(Recorded data)
-*-

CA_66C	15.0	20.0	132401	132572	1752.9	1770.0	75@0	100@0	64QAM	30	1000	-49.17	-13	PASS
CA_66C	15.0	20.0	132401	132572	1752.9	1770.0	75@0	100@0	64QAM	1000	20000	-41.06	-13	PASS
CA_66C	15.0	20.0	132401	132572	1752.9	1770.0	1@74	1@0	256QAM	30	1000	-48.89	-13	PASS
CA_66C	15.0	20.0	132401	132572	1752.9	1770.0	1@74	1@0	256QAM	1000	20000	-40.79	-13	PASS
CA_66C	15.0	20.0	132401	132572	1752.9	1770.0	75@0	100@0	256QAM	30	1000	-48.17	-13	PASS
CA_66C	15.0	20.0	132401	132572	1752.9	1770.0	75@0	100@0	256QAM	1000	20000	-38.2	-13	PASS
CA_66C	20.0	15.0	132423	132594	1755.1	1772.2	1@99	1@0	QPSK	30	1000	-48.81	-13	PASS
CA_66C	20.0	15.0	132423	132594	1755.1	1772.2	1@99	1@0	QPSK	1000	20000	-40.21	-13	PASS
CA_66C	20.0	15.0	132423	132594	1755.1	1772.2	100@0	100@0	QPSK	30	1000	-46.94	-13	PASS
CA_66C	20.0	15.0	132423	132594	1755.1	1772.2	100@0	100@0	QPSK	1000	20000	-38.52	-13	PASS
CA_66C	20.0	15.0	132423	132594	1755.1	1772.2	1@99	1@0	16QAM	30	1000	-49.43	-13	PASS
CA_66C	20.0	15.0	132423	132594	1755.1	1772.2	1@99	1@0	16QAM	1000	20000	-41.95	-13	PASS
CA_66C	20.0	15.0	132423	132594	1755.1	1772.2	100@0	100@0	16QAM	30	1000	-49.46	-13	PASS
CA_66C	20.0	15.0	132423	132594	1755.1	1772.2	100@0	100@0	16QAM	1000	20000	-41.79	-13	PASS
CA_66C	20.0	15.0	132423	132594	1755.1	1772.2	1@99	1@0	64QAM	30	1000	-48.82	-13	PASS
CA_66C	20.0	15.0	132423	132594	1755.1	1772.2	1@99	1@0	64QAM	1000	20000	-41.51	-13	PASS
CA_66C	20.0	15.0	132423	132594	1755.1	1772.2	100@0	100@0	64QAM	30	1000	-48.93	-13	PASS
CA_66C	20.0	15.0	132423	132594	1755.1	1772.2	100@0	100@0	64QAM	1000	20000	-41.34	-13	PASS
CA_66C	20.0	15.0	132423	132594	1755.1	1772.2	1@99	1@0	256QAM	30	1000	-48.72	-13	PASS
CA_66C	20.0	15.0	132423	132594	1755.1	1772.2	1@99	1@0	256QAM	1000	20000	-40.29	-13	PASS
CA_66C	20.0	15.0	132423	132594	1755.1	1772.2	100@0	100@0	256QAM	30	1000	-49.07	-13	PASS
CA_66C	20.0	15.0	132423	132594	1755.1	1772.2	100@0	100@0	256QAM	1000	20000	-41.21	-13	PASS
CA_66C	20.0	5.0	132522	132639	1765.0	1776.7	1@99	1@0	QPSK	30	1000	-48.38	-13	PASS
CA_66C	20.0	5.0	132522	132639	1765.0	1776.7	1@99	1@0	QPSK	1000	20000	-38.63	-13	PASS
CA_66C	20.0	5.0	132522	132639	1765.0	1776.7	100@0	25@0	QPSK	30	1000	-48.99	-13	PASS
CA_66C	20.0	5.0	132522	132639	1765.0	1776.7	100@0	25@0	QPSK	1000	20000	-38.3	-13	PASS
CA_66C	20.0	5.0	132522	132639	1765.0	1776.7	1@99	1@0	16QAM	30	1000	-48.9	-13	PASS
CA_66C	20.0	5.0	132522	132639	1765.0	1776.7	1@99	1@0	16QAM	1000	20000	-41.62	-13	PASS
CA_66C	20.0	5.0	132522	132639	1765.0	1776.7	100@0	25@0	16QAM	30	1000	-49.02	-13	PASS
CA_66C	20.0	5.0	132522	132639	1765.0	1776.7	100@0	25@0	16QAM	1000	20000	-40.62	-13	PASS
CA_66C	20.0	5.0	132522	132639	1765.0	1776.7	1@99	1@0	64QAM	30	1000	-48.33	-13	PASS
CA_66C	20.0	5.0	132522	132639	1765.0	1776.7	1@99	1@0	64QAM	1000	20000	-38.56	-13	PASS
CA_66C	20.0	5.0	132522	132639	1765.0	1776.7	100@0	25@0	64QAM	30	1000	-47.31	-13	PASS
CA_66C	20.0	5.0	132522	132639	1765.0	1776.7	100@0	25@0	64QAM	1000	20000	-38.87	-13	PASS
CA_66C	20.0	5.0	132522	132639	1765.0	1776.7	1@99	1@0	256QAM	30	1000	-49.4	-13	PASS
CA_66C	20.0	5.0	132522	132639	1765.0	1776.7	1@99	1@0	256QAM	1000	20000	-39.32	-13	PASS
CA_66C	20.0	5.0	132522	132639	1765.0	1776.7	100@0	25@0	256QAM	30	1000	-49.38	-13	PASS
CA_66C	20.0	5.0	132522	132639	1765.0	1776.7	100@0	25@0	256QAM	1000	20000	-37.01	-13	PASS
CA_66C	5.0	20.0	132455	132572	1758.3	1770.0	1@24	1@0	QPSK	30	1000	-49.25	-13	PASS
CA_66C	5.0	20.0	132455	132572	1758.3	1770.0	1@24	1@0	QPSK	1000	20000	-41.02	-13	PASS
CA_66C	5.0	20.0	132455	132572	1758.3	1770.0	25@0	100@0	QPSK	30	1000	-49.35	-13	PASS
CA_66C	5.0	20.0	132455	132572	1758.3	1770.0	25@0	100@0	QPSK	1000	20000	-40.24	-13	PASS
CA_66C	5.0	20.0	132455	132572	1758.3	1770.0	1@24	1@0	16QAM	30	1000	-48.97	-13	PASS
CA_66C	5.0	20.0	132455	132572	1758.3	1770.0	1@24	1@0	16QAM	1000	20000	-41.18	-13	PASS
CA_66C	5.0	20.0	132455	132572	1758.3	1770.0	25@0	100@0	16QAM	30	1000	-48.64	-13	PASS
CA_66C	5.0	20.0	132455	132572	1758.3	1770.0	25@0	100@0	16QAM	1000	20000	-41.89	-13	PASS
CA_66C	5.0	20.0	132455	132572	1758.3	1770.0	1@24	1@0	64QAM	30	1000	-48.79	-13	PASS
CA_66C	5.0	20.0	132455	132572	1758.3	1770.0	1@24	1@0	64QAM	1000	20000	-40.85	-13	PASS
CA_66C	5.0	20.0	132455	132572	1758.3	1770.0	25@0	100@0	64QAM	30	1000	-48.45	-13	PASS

-*-

Your answer should consist of all lines above that include the string "QPSK".

### Response area
CA_66C	20.0	15.0	132423	132594	1755.1	1772.2	1@99	1@0	QPSK	30	1000	-48.81	-13	PASS
CA_66C	20.0	15.0	132423	132594	1755.1	1772.2	1@99	1@0	QPSK	1000	20000	-40.21	-13	PASS
CA_66C	20.0	15.0	132423	132594	1755.1	1772.2	100@0	100@0	QPSK	30	1000	-46.94	-13	PASS
CA_66C	20.0	15.0	132423	132594	1755.1	1772.2	100@0	100@0	QPSK	1000	20000	-38.52	-13	PASS
CA_66C	20.0	5.0	132522	132639	1765.0	1776.7	1@99	1@0	QPSK	30	1000	-48.38	-13	PASS
CA_66C	20.0	5.0	132522	132639	1765.0	1776.7	1@99	1@0	QPSK	1000	20000	-38.63	-13	PASS
CA_66C	20.0	5.0	132522	132639	1765.0	1776.7	100@0	25@0	QPSK	30	1000	-48.99	-13	PASS
CA_66C	20.0	5.0	132522	132639	1765.0	1776.7	100@0	25@0	QPSK	1000	20000	-38.3	-13	PASS
CA_66C	5.0	20.0	132455	132572	1758.3	1770.0	1@24	1@0	QPSK	30	1000	-49.25	-13	PASS
CA_66C	5.0	20.0	132455	132572	1758.3	1770.0	1@24	1@0	QPSK	1000	20000	-41.02	-13	PASS
CA_66C	5.0	20.0	132455	132572	1758.3	1770.0	25@0	100@0	QPSK	30	1000	-49.35	-13	PASS
CA_66C	5.0	20.0	132455	132572	1758.3	1770.0	25@0	100@0	QPSK	1000	20000	-40.24	-13	PASS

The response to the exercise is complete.